**Task instructions**
The word "Yerington" occurs in some lines of the data. Return each such line.

**Data supplied**

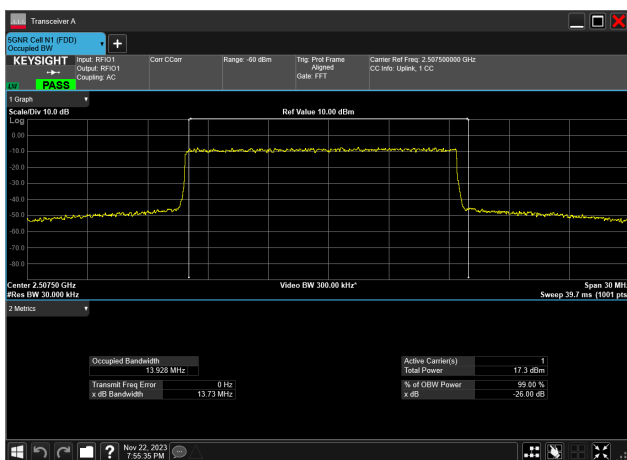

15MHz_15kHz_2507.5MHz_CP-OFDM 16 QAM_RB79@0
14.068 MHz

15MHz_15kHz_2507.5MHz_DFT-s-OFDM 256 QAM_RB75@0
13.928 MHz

==

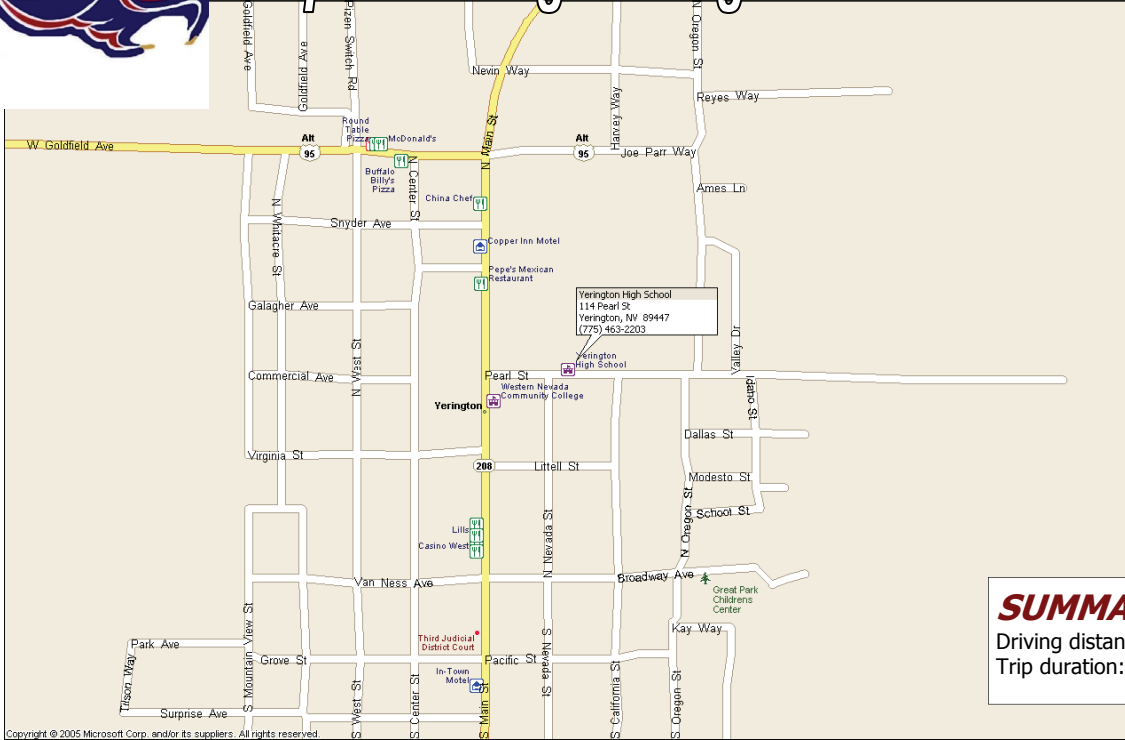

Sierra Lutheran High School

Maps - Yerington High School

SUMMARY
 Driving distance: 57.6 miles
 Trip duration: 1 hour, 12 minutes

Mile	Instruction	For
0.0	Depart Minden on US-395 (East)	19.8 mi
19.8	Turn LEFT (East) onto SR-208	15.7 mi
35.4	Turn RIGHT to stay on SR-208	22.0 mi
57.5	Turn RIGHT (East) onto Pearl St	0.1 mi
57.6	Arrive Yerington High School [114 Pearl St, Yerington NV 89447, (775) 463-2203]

**Your response**
Maps - Yerington High School
57.6	Arrive Yerington High School [114 Pearl St, Yerington NV 89447, (775) 463-2203]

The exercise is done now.